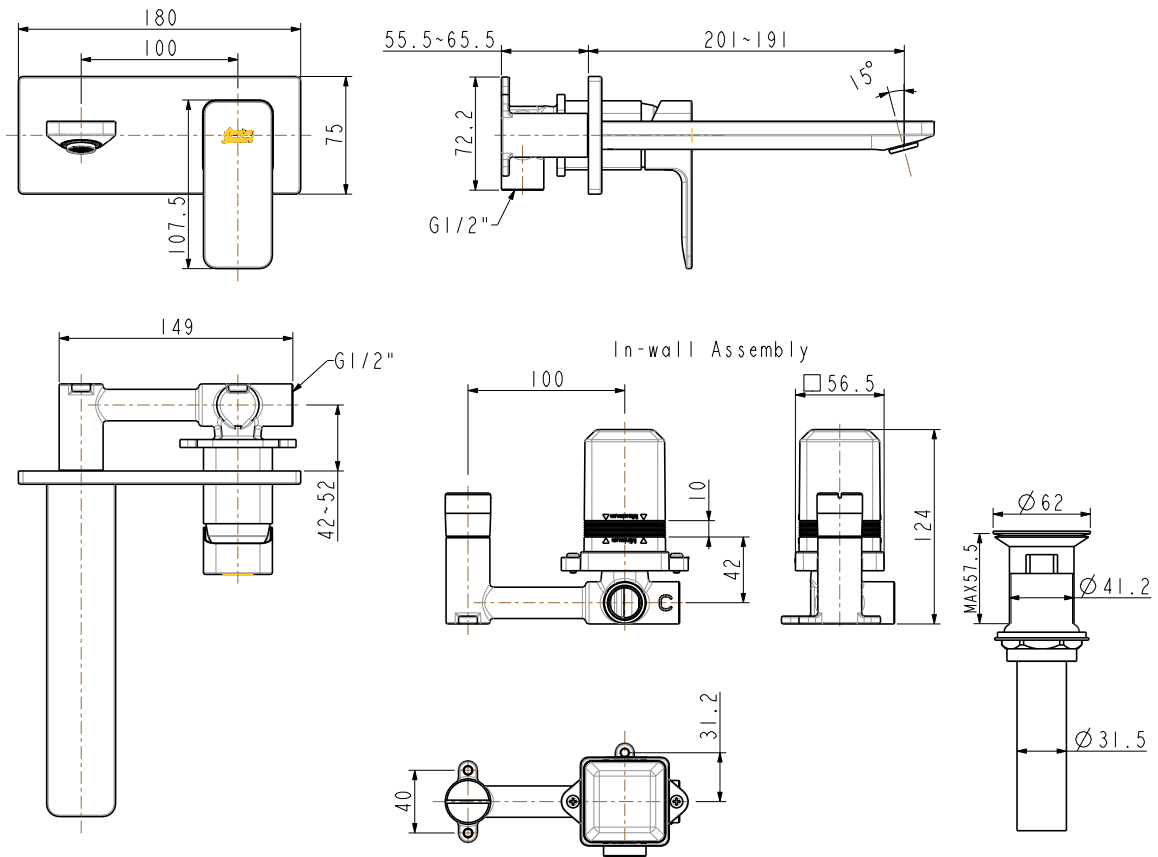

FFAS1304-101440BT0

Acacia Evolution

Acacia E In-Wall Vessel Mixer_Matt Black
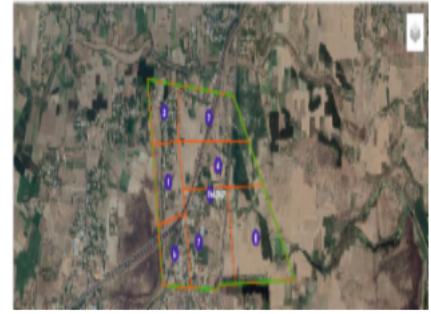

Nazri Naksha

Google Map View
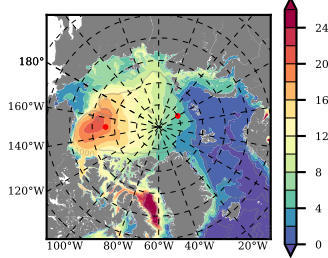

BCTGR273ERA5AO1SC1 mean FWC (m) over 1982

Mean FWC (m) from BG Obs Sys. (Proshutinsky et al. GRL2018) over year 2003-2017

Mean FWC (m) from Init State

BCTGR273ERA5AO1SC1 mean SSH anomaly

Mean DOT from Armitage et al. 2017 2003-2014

::::

AIM OF THE EXERCISE >> Return a verbatim transcription of the data, omitting all images.

ANSWER BOX >>
FFAS1304-101440BT0

Acacia Evolution

Acacia E In-Wall Vessel Mixer_Matt Black

Nazri Naksha

Google Map View

BCTGR273ERA5AO1SC1 mean FWC (m) over 1982

Mean FWC (m) from BG Obs Sys. (Proshutinsky et al. GRL2018) over year 2003-2017

Mean FWC (m) from Init State

BCTGR273ERA5AO1SC1 mean SSH anomaly

Mean DOT from Armitage et al. 2017 2003-2014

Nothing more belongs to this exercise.